▶ [What you need to do]: Produce a word-for-word copy of the data that follows, excluding images.

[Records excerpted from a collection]
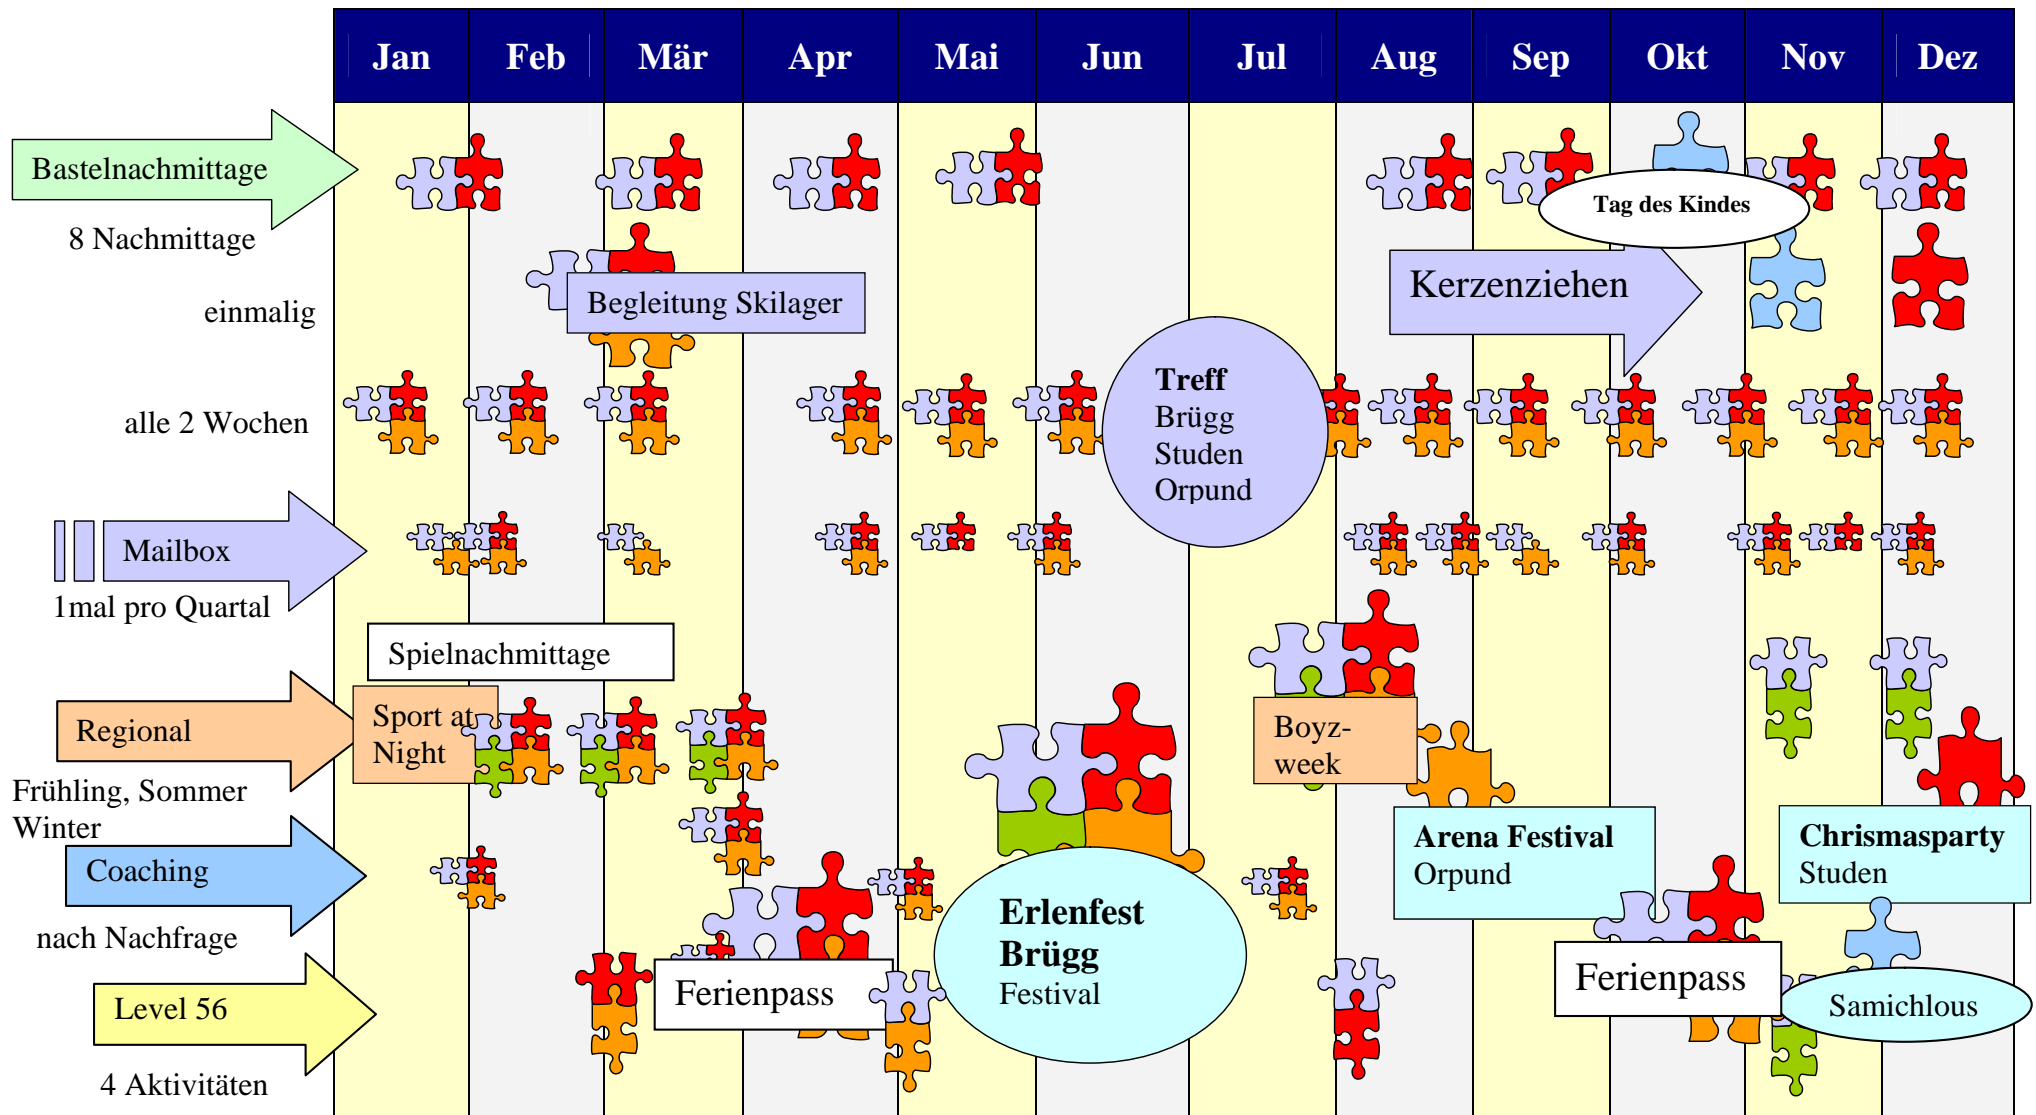

Übersicht Angebote und Projekte der Regionalen Jugendarbeit

Brügg, Aegerten, Studen, Schwadernau, Scheuren, Orpund

blau für Standort Brügg
grün für Regional

rot für Standort Studen
orange für Standort Orpund

▶ [Reply]:
Übersicht Angebote und Projekte der Regionalen Jugendarbeit

Brügg, Aegerten, Studen, Schwadernau, Scheuren, Orpund

blau für Standort Brügg
grün für Regional

rot für Standort Studen
orange für Standort Orpund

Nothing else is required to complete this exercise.